Menu

#953 Replacement with regex capture groups and case manipulation

4.1
closed-fixed
5
2018-04-04
2014-02-03
No

It should be possible to use regular expressions (at least references to search groups, i.e. $n) for replacing in Search and Replace.

Among the uses of such functionality would be finding (and automatically populating/changing) segments where source and target should be identical, or segments where only a part of original is used in translation, like numbers with units etc., or working with similar languages where the stem of a certain word should remain intact, but inflexions should be changed.

Ideally, the Replace should be capable not only of using RegEx, but of things like .toUpperCase() or arithmetics.

Related

Bugs: #897
Bugs: #898
Feature Requests: #953

Discussion

1 2 > >> (Page 1 of 2)
  • Héctor Cartagena

    +1

     
  • Vojta Drabek

    Vojta Drabek - 2014-11-15

    I second this, at least search groups, it would be useful for quickly translating short expressions where there is different word order in the source and target languages which is now impossible with simple search and replace

     
  • Maynard Hogg

    Maynard Hogg - 2015-09-01

    Re: .toUpperCase(), etc.
    Some regexp engines use \u,\l, \U, and \L in replacements to change the case of just one letter or the whole "word."

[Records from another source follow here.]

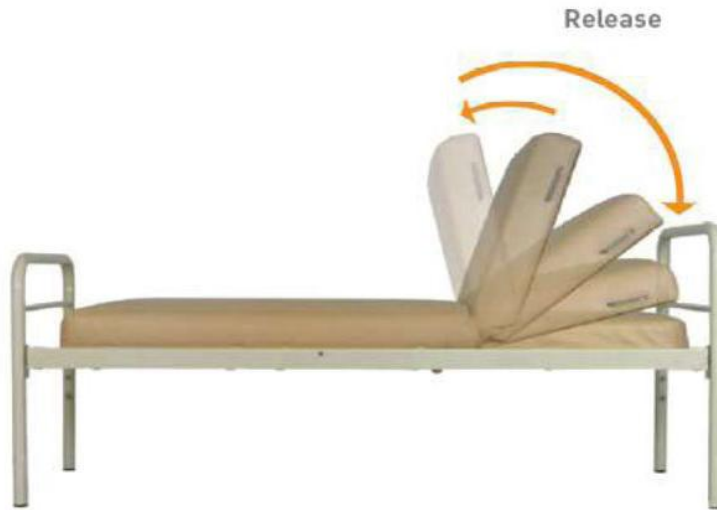

CB-002 GEAR BED FOUR STEPS

PRODUCT SPECIFICATIONS

Operating System Four adjustable back raise by gear, three adjustable Hi-Lo (knock down)
Accessories Side Rail (CSR-001, CSR-002, CSR 003)
Mattress Material Urethane & Vinyl cover
Weight (kg) Approx. 60 / **Frame Finishing** Powder Coating
Frame Colour Ivory / **Dimension W x D x H (mm)** 930 x 2129 x 932

PRODUCT DIMENSION

CB-002

Keterangan :
 1. Bahan dasar sticker warna putih
 2. Posisi penempelan pada frame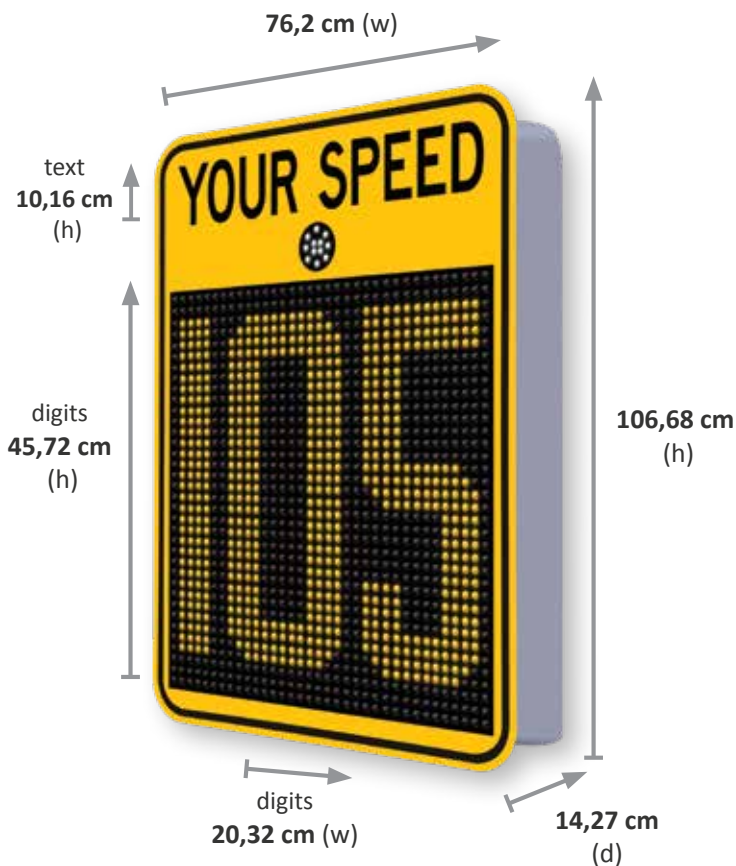

# SafePace<sup>®</sup> Evolution 18FM

**The Traffic Logix SafePace<sup>®</sup> Evolution 18 FM offers variable messaging with extra large 18" LED digits for even better visibility.**

The versatile Evolution 18FM variable messaging sign offers the ability to display custom text, graphics, or extra large 18" speed display for enhanced visibility from further distances. The flexible sign offers the ability to display either driver speed including speed activated digit color changes or your choice of driver responsive text or graphics on the full matrix speed display sign.

EV 18FM Specifications	
Digit Size	45.72 cm
Height	106.68 cm
Weight	12.70 Kg
24/7, 365 Scheduling	✓
Data Collection	✓
Solar Compatibility	✓
Battery Operated	✓
Custom Messaging	✓
Cloud Compatibility	✓
Trailer Compatibility	✓
Dolly Compatibility	✓
Hitch Compatibility	✓
Warranty	2 Years

Features
Compact design offers <b>all the features</b> and visibility you'd expect from a full size variable message sign.
Allows for <b>animated text or graphics</b> such as moving arrows or a scrolling message.
<b>Stealth Mode</b> allows the sign to collect baseline traffic data while speed display appears blank to motorists.
<b>Dual Color Display:</b> LED digit color can be programmed to change based on driver speed
<b>Ultra low power consumption</b> including the most power-efficient radar technology available and optional solar power.
Includes <b>integrated flashing speed violator strobe</b> to alert speeding drivers.
<b>Universal Mounting:</b> Optional mounting brackets let you use one sign at multiple locations with the turn of a key.

    One problem: I would also hope that \u would be used for specifying Unicode code points: non-break spaces, thin spaces, curly quotes, etc.

     

    Last edit: Maynard Hogg 2015-09-01
  • Thomas CORDONNIER

    "One problem: I would also hope that \u would be used for specifying Unicode code points: non-break spaces, thin spaces, curly quotes, etc."

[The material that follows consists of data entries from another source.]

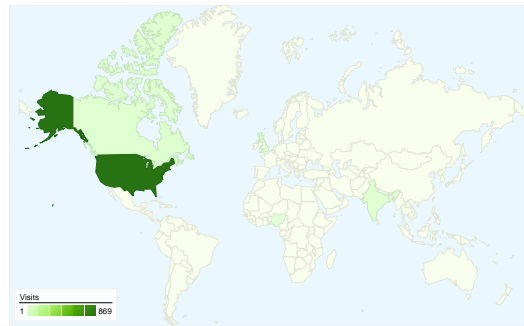

**Visitors**  
**813**

**Map Overlay**

**Traffic Sources Overview**

- **Search Engines**  
573.00 (63.31%)
- **Referring Sites**  
195.00 (21.55%)
- **Direct Traffic**  
137.00 (15.14%)

**Content Overview**

**905 visits came from 17 countries/territories**

Site Usage						
Visits	Pages/Visit	Avg. Time on Site	% New Visits	Bounce Rate		
<b>905</b> % of Site Total: 100.00%	<b>1.89</b> Site Avg: 1.89 (0.00%)	<b>00:01:13</b> Site Avg: 00:01:13 (0.00%)	<b>82.32%</b> Site Avg: 82.32% (0.00%)	<b>63.09%</b> Site Avg: 63.09% (0.00%)		
Country/Territory	Visits	Pages/Visit	Avg. Time on Site	% New Visits	Bounce Rate	
United States	<b>869</b>	1.91	00:01:14	81.93%	62.49%	
Canada	<b>14</b>	1.57	00:00:15	85.71%	85.71%	
India	<b>5</b>	1.40	00:01:36	100.00%	60.00%	
Nigeria	<b>3</b>	1.00	00:00:00	100.00%	100.00%	
United Kingdom	<b>2</b>	1.00	00:00:00	100.00%	100.00%	
Philippines	<b>1</b>	1.00	00:00:00	100.00%	100.00%	
Sweden	<b>1</b>	2.00	00:00:02	100.00%	0.00%	
Netherlands	<b>1</b>	1.00	00:00:00	100.00%	100.00%	
Côte d'Ivoire	<b>1</b>	1.00	00:00:00	100.00%	100.00%

    As we are speaking about strings typed by the user, not in the code, such a substitution is done only if the programmer explicitely requires for it. So, nothing prevents you from using another syntax. I would suggest \x1234, as in Perl, so that \u can still be used for upercase.

     
  • Didier Briel

    Didier Briel - 2017-10-18
    • assigned_to: Thomas CORDONNIER
     
  • Aaron Madlon-Kay

    Thomas was kind enough to submit a patch for this. To facilitate code review, I have pushed the changes to a git branch and opened a PR on GitHub:
    https://github.com/omegat-org/omegat/pull/22

    Thomas, if you don't mind we can take the conversation over to GitHub. I can give you access to the OmegaT repo if you let me know your username.

     
  • Aaron Madlon-Kay

    • summary: RegEx for Replacing --> Replacement with regex capture groups and case manipulation
    • Group: future --> 4.1
     
  • Aaron Madlon-Kay

    • status: open --> open-fixed
     
  • Aaron Madlon-Kay

    This is now available in trunk, r10270.

     
  • Jean-Christophe Helary

    I am finding weird CPU use spikes with this trunk. When a project is launched it can go up to 200%, when I have a search widow open it stays at 100%.

     
  • Jean-Christophe Helary

    Ok, what I have more specifically is the following: when I open a project and just work with it I do have CPU use spikes but they are not much different from what I'd have with the build without this feature.
    When I start a search I get a spike to over 100% and then CPU use does not revert to normal even if I close the search window or reload the project. I need to close OmegaT and reopen the project.
    I am not seeing anything specific in the log.

     
  • Jean-Christophe Helary

    Ok, got it, the issue is not with this general commit with 312778c, the one regarding "Display replace string in EntryListPane". When I revert only that commit, I can work normally with OmegaT, when I include it, Main stays around 100% CPU use after I start a search.

     
  • Aaron Madlon-Kay

    The above issue was reported as [bugs:#897], now fixed.

     

    Related

    Bugs: #897

  • Jean-Christophe Helary

    I'm attaching the Bundle.properties diff that adds a reference to the group replace in the Replace window explanation text.

     
    • Aaron Madlon-Kay

      Thank you. Committed to trunk, r10283.

       
  • Jean-Christophe Helary

    Why is the group reference \n in search and $n in replace ?

     
    • Thomas CORDONNIER

      Hi Jean-Christophe

      This is the same in other languages.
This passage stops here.